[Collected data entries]
---*---

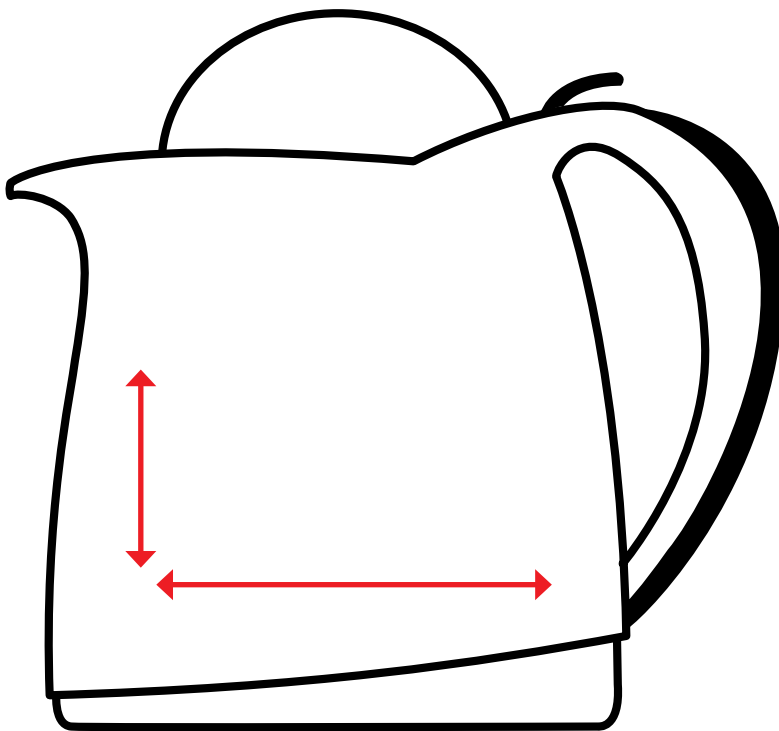

Druckflächenskizze · Print area-sheet

Havanna · 1,0 l

helios[®]
GERMAN QUALITY · SINCE 1909

**Datenformate/
Data formats:**

-EPS

-Adobe Illustrator

-JPEG (300 dpi)

-Tiff (300 dpi)

Artikelnr. · Item No.

3994

**Druckfläche v. Henkel zu Henkel:
Print area from handle to handle:**

**Höhe: 5 cm
Height:**

**Länge: 39 cm
Length:**

**Lücke unter Henkel: ca. 10 cm
Blank gap under handle:**

Gerne beraten wir Sie persönlich zu Ihrem individuellen Druckvorhaben (Größe, Platzierung, Datei-Format, etc.) unter: **+49 (0) 9342 / 9619-0** oder schreiben Sie uns unter: **info@helios-wertheim.com**
For personally advice to your customized print (size, position, data-formats, etc.) call: **+49 (0) 9342 / 9619-0**
or send an e-mail to: **info@helios-wertheim.com**

---*---

Reproduce only those lines of the entries above that run from the line with "-JPEG (300 dpi)" to the final line.

■ **Exercise solution**:
-JPEG (300 dpi)

-Tiff (300 dpi)

Artikelnr. · Item No.

3994

**Druckfläche v. Henkel zu Henkel:
Print area from handle to handle:**

**Höhe: 5 cm
Height:**

**Länge: 39 cm
Length:**

**Lücke unter Henkel: ca. 10 cm
Blank gap under handle:**

Gerne beraten wir Sie persönlich zu Ihrem individuellen Druckvorhaben (Größe, Platzierung, Datei-Format, etc.) unter: **+49 (0) 9342 / 9619-0** oder schreiben Sie uns unter: **info@helios-wertheim.com**
For personally advice to your customized print (size, position, data-formats, etc.) call: **+49 (0) 9342 / 9619-0**
or send an e-mail to: **info@helios-wertheim.com**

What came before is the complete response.